Different sentences ( for example “ Wake up! ” and “ You don't have a sister ”) use [SEP] Flag separated , And [CLS] Type... Together BERT. [CLS] The corresponding representation will be input into a two classifier , Judge whether the two sentences are connected . Be careful ,BERT Inside, there is a lot of attention ,[CLS] It can be placed anywhere in the sentence , Finally, you can get other input information .
Using pre-trained BERT:
(1) Enter a sentence , Output category :

The linear classifier (Linear Classifier) It's training from scratch , and BERT fine-tuning (Fine-tune) Parameters .
(2) Enter a sentence , Classify each word in the sentence ( For example, the verb 、 Noun 、 Pronouns, etc ).
Empathy , The linear classifier is trained from scratch , and BERT fine-tuning (Fine-tune) Parameters .
(3) Type in two sentences , Output a category ( for example , Judge whether there is a certain relationship between the two sentences ).
(4) reading comprehension : Input article (Document) And some questions (Query), Output the answer to the question .
Output ( s , e ) (s,e) (s,e) Indicates the... In the article s s s Two words and ( Include ) The first e e e The content between words . for example :


Using two trainable parameter vectors, respectively, and document The corresponding representation is a dot product , And then pass by Softmax Choose the location with the highest probability .
| The starting position ( Orange parameter vector ) | End position ( Blue parameter vector ) |
|---|---|
![]() | ![]() |
ViT

VIT And BERT equally , Also used. Transformer The encoder , But because it deals with image data , So we need to do some special processing on the image in the input part :VIT Block and vectorize the input picture , Thus, the same coding model as the word vector can be used .
(1) Divide the image into small pieces of a sequence (patch), Each piece is equivalent to a word in the sentence .

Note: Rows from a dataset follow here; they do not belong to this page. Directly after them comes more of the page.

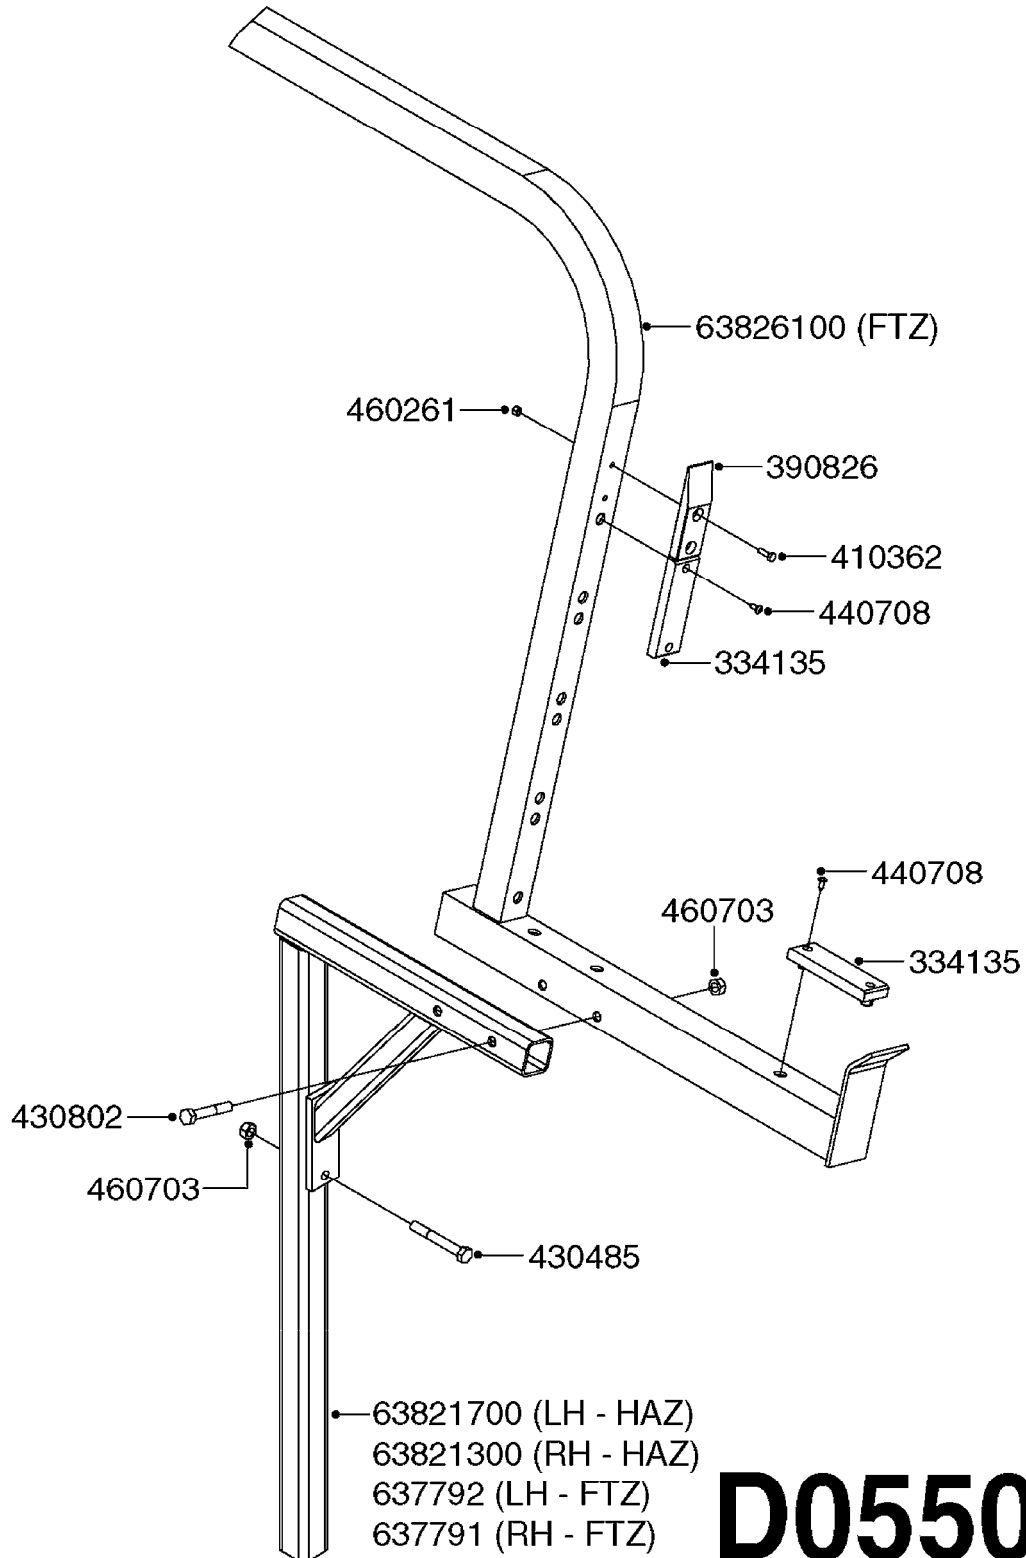

TRANSPORT BRACKETS - CM/CM+
D0540-HIN, 01:01:16

Page 1

Date 07.02.2020 8:50

parts-n°	order qty	description
146843	1	BOLT U M8 F.60 x 60
172213	1	FLAT BAR F.BOOM STRAP
333956	1	SLIDE SHOE 91X25X10
334135	1	SLIDE SHOE 140X45X15
334561	1	PLUG 50x50x2 F.SQ.TUBE
421232	1	BOLT HEX 8.8 DEL M8X110
430485	1	BOLT HEX 8.8 DEL M12X90
430581	1	BOLT HEX 8.8 DEL M16X40 FT
430802	1	BOLT HEX 8.8 DEL M12X75
440665	1	SCREW M4.2X16 STAINLESS
440708	1	SCREW M5.5X16 SELF TAPPING SS
460143	1	SELF LOCK NUT M8 SST A2 DIN985
460585	1	LOCKING NUT M16 DIN985 A2 SS
460703	1	NUT HEX M12X1.75 LOCK DIN985A2 SS
615884	1	HOOK BRACKET F.TNSPORT 45'-66'
615960	1	TRANSPORT BKT.F.80'-90'HZ CM
637791	1	TRANS.MOUNT BKT. CM PLTFORM RH
637792	1	TRANS.MOUNT BKT. CM PLTFORM LH
637868	1	TRANS.BKT UPPER CM TWIN FORCE
637958	1	TRANS.BKT CM EAGLE45'-66' RH
637959	1	TRANS.BKT CM EAGLE45'-66' LH
637987	1	TRANS.BKT UPPER CM EAGLE80-90'
638022	1	TRANSPORT BKT.F.80-90'HZ CM
638023	1	TRANSPORT BKT.F.110'FORCE RH
638024	1	TRANSPORT BKT.F.110'FORCE LH
16092803	1	PLATE F. TRANSPORT CM+
61010303	1	TRANSPORT MT. F. WING SPB CM+

(2) Flatten the small pieces (flatten) Form a vector and use a linear transformation matrix to map it linearly .

(3) And above BERT Of [CLS] equally ,VIT Such a category vector has also been added :*. Then add position information for each vector .

(4) Input Transformer Encoder


(5) The last is classification , And BERT Empathy .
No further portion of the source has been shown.